= Beginning of Section =

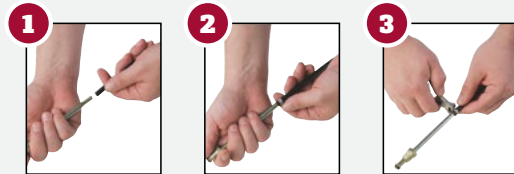

Easy Installation

Typical installations can be done in under 5 minutes in just 3 simple steps.

NO SPECIALTY TOOLS REQUIRED!
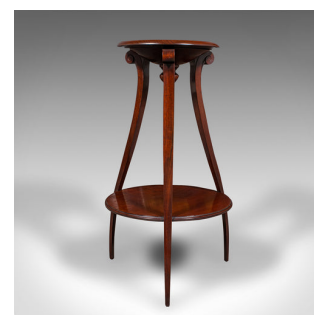

Antique Two Tier Jardiniere, English Cake Stand, Torchere, Early Victorian, 1840

DESCRIPTION

Our Stock # 25336

This is a fine antique two tier jardiniere. An English, mahogany cake stand or torchère, dating to the early Victorian period, circa 1840. Rich in character and form, this versatile piece offers superb display options with classic period appeal.

- Beguiling early Victorian design, offering decorative charm and practical versatility
- Crafted from select stocks, presenting deep caramel tones and fine grain interest
- Two generous tiers provide ample space for display or floral arrangements
- Distinctive serpentine supports rise with sculptural elegance, meeting the upper tier with finesse
- Tactile chamfered edging lends visual refinement and smooth handling
- Elegant scroll surmounts gracefully crown the form, flanking a striking suspended finial
- Raised upon a trio of swept legs, creating a stable base with appealing silhouette
- Well-suited as a cake stand, plant display, or occasional torchère, lending height and interest to interior schemes
- In very good antique order, lightly time-worn consistent with age and use

DIMENSIONS

Max Width: 61cm (24")
 Max Depth: 61cm (24")
 Max Height: 78.5cm (31")
 Upper Tier Diameter: 48cm (19")
 Under Tier Height: 34cm (13.5")

Search [London Fine for #25336](#) , or scan the QR code for more photos and details

= End of Section =

Once the pictures are removed, set down what remains of the entries above exactly.

Easy Installation

Typical installations can be done in under 5 minutes in just 3 simple steps.

NO SPECIALTY TOOLS REQUIRED!

Antique Two Tier Jardiniere, English Cake Stand, Torchere, Early Victorian, 1840

DESCRIPTION

Our Stock # 25336

This is a fine antique two tier jardiniere. An English, mahogany cake stand or torchère, dating to the early Victorian period, circa 1840. Rich in character and form, this versatile piece offers superb display options with classic period appeal.

- Beguiling early Victorian design, offering decorative charm and practical versatility
- Crafted from select stocks, presenting deep caramel tones and fine grain interest
- Two generous tiers provide ample space for display or floral arrangements
- Distinctive serpentine supports rise with sculptural elegance, meeting the upper tier with finesse
- Tactile chamfered edging lends visual refinement and smooth handling
- Elegant scroll surmounts gracefully crown the form, flanking a striking suspended finial
- Raised upon a trio of swept legs, creating a stable base with appealing silhouette
- Well-suited as a cake stand, plant display, or occasional torchère, lending height and interest to interior schemes
- In very good antique order, lightly time-worn consistent with age and use

DIMENSIONS

Max Width: 61cm (24")
 Max Depth: 61cm (24")
 Max Height: 78.5cm (31")
 Upper Tier Diameter: 48cm (19")
 Under Tier Height: 34cm (13.5")

Search [London Fine for #25336](#) , or scan the QR code for more photos and details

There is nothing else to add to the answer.